Donald Trump’s “America First” Theme – Draws Criticism as an “Ugly Echo” of 1930s Movement!

Dear Commons Community,

Last Wednesday, Donald Trump gave a foreign policy speech during which he referred several times to his proposed “America First” position:

 “My foreign policy will always put the interests of the American people, and American security, above all else. That will be the foundation of every decision that I will make. America First will be the major and overriding theme of my administration.”

During the Sunday morning television news shows, several commentators mentioned briefly the history  of another America First theme, used in the United States in the 1930s to maintain an isolationist position in the days leading up to World War II.   Susan Dunn, a professor of Humanities at Willaims College, in a CNN op-ed, summarized the earlier America First as:

“It is extremely unfortunate that in his speech Wednesday outlining his foreign policy goals, Donald Trump chose to brand his foreign policy with the noxious slogan “America First,” the name of the isolationist, defeatist, anti-Semitic national organization that urged the United States to appease Adolf Hitler.

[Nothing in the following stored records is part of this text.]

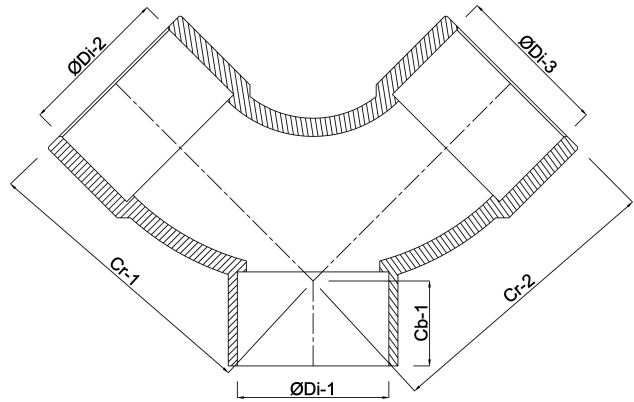

VDL Y-bøjning PVC-U 50 mm limmuffe 16bar grå (0100093)

VL Van de Lande

TEKNISKE SPECIFIKATIONER

Farve grå

Materiale PVC-U

Tilslutning limmuffe

Tryk 16 bar

Størrelse 50 mm

DIMENSIONER

Cb-1 28 mm

Cr-1 92 mm

Cr-2 92 mm

ØDi-1 50 mm

ØDi-2 50 mm

ØDi-3 50 mm

Genereret den: 25-05-2026

The America First Committee began at Yale University, where Douglas Stuart Jr., the son of a vice president of Quaker Oats, began organizing his fellow students in spring 1940. He and Gerald Ford, the future American president, and Potter Stewart, the future Supreme Court justice, drafted a petition stating, “We demand that Congress refrain from war, even if England is on the verge of defeat.”

The American First Committee became fairly popular and was supported by a number of prominent businessmen and government officials. 

“Seeking to brand itself as a mainstream organization, America First struggled with the problem of the anti-Semitism of some of its leaders and many of its members. It had to remove from its executive committee not only the notoriously anti-Semitic Henry Ford but also Avery Brundage, the former chairman of the U.S. Olympic Committee who had prevented two Jewish runners from the American track team in Berlin in 1936 from running in the finals of the 4×100 relay.”

America First came to an end with the bombing of Pearl Harbor and America’s entry into the War.  I doubt that Trump’s speech writers deliberately selected the theme as a throwback to the 1930s.  However, as Eleanor Clift of CBS’s McLaughlin Group commented, they would be wise to check their history books more carefully in the future.